WHAT THE TASK ASKS>
Scanning the entries below, copy every line that contains the word "sender".

Source data:
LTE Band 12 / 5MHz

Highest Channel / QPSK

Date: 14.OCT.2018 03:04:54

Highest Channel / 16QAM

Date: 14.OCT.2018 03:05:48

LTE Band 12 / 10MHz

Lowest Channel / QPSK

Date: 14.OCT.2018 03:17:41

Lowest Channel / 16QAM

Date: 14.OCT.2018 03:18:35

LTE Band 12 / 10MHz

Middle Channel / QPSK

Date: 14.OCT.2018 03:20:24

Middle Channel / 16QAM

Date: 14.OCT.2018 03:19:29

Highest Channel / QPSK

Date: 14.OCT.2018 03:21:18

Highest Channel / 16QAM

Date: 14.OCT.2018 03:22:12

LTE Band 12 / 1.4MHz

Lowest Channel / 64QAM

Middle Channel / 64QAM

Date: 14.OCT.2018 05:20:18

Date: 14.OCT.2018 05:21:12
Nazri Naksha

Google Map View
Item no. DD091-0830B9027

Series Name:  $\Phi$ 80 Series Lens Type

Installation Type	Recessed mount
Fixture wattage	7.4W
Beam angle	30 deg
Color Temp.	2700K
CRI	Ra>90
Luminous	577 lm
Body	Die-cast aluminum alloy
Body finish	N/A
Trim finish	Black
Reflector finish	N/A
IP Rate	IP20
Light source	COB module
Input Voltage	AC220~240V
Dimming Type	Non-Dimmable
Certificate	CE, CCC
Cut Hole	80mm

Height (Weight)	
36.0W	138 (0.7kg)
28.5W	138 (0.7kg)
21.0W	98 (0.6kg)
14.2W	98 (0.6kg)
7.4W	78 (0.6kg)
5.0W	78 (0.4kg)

* * *

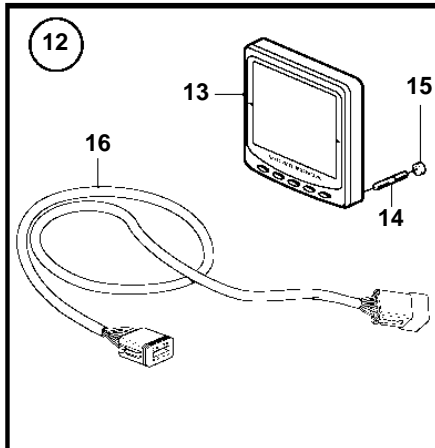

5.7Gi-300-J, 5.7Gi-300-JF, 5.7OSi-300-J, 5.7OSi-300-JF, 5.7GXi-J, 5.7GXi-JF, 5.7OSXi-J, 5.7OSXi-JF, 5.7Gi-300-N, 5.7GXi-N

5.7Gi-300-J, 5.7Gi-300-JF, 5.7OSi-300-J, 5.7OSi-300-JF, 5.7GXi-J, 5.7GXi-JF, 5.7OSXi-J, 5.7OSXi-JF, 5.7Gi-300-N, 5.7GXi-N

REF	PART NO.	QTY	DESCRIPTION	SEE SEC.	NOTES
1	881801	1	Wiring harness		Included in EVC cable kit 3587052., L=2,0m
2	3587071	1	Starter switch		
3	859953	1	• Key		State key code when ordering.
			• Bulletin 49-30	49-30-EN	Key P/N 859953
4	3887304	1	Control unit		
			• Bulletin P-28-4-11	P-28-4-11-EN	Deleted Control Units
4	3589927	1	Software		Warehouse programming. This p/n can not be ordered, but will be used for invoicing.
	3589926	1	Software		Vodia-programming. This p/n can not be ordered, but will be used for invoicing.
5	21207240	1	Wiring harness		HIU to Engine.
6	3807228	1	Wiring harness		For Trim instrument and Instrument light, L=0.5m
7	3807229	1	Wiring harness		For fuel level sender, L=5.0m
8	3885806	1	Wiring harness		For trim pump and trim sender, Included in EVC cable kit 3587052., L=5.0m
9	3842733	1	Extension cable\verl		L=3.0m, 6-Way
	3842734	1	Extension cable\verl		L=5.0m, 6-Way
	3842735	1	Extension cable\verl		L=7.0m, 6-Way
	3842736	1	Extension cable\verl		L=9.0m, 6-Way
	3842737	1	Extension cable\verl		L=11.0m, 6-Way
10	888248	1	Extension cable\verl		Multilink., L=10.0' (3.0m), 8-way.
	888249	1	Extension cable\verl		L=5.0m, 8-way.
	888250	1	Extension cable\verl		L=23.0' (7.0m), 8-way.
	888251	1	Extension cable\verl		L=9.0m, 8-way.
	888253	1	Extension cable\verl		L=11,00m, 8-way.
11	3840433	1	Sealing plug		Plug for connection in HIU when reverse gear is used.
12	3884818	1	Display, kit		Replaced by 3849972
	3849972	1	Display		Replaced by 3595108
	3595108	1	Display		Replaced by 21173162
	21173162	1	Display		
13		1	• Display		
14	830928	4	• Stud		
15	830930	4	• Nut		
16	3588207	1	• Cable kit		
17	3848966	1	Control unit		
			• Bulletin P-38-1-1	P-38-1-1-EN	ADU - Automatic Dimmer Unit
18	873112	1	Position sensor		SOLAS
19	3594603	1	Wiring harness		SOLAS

SOLUTION BELOW>
7	3807229	1	Wiring harness		For fuel level sender, L=5.0m
8	3885806	1	Wiring harness		For trim pump and trim sender, Included in EVC cable kit 3587052., L=5.0m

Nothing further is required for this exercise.